*** Opening of Source records ***
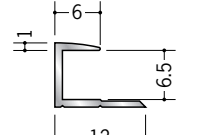

アルミ C型ジョイナー

54081 アルミ3CA
1.82m/アルマイトシルバー
2.42m/アルマイトシルバー
2.73m/アルマイトシルバー

54082 アルミ4CA
1.82m/アルマイトシルバー
2.42m/アルマイトシルバー
2.73m/アルマイトシルバー

54083 アルミ5CA
1.82m/アルマイトシルバー
2.42m/アルマイトシルバー
2.73m/アルマイトシルバー

54084 アルミ6CA
1.82m/アルマイトシルバー
2.42m/アルマイトシルバー
2.73m/アルマイトシルバー

54085 アルミ7CA
1.82m/アルマイトシルバー
2.73m/アルマイトシルバー

54086 アルミ8CA
1.82m/アルマイトシルバー
2.73m/アルマイトシルバー

54087 アルミ9CA
1.82m/アルマイトシルバー
2.73m/アルマイトシルバー

54088 アルミ10CA
1.82m/アルマイトシルバー
2.73m/アルマイトシルバー

54089 アルミ12CA
1.82m/アルマイトシルバー
2.73m/アルマイトシルバー

54090 アルミ15CA
1.82m/アルマイトシルバー
2.73m/アルマイトシルバー

3CA、4CA、5CA、6CAは、
1.82m・2.73mの他に、
2.42mも在庫しています。

54181 アルミ3.5CC
3m/アルマイトシルバー

54182 アルミ4.5CC
3m/アルマイトシルバー

54183 アルミ5.5CC
3m/アルマイトシルバー

54184 アルミ6.5CC
3m/アルマイトシルバー
*** Close of Source records ***
Leaving the pictures out, output each line of the listing exactly.

アルミ C型ジョイナー

54081 アルミ3CA
1.82m/アルマイトシルバー
2.42m/アルマイトシルバー
2.73m/アルマイトシルバー

54082 アルミ4CA
1.82m/アルマイトシルバー
2.42m/アルマイトシルバー
2.73m/アルマイトシルバー

54083 アルミ5CA
1.82m/アルマイトシルバー
2.42m/アルマイトシルバー
2.73m/アルマイトシルバー

54084 アルミ6CA
1.82m/アルマイトシルバー
2.42m/アルマイトシルバー
2.73m/アルマイトシルバー

54085 アルミ7CA
1.82m/アルマイトシルバー
2.73m/アルマイトシルバー

54086 アルミ8CA
1.82m/アルマイトシルバー
2.73m/アルマイトシルバー

54087 アルミ9CA
1.82m/アルマイトシルバー
2.73m/アルマイトシルバー

54088 アルミ10CA
1.82m/アルマイトシルバー
2.73m/アルマイトシルバー

54089 アルミ12CA
1.82m/アルマイトシルバー
2.73m/アルマイトシルバー

54090 アルミ15CA
1.82m/アルマイトシルバー
2.73m/アルマイトシルバー

3CA、4CA、5CA、6CAは、
1.82m・2.73mの他に、
2.42mも在庫しています。

54181 アルミ3.5CC
3m/アルマイトシルバー

54182 アルミ4.5CC
3m/アルマイトシルバー

54183 アルミ5.5CC
3m/アルマイトシルバー

54184 アルミ6.5CC
3m/アルマイトシルバー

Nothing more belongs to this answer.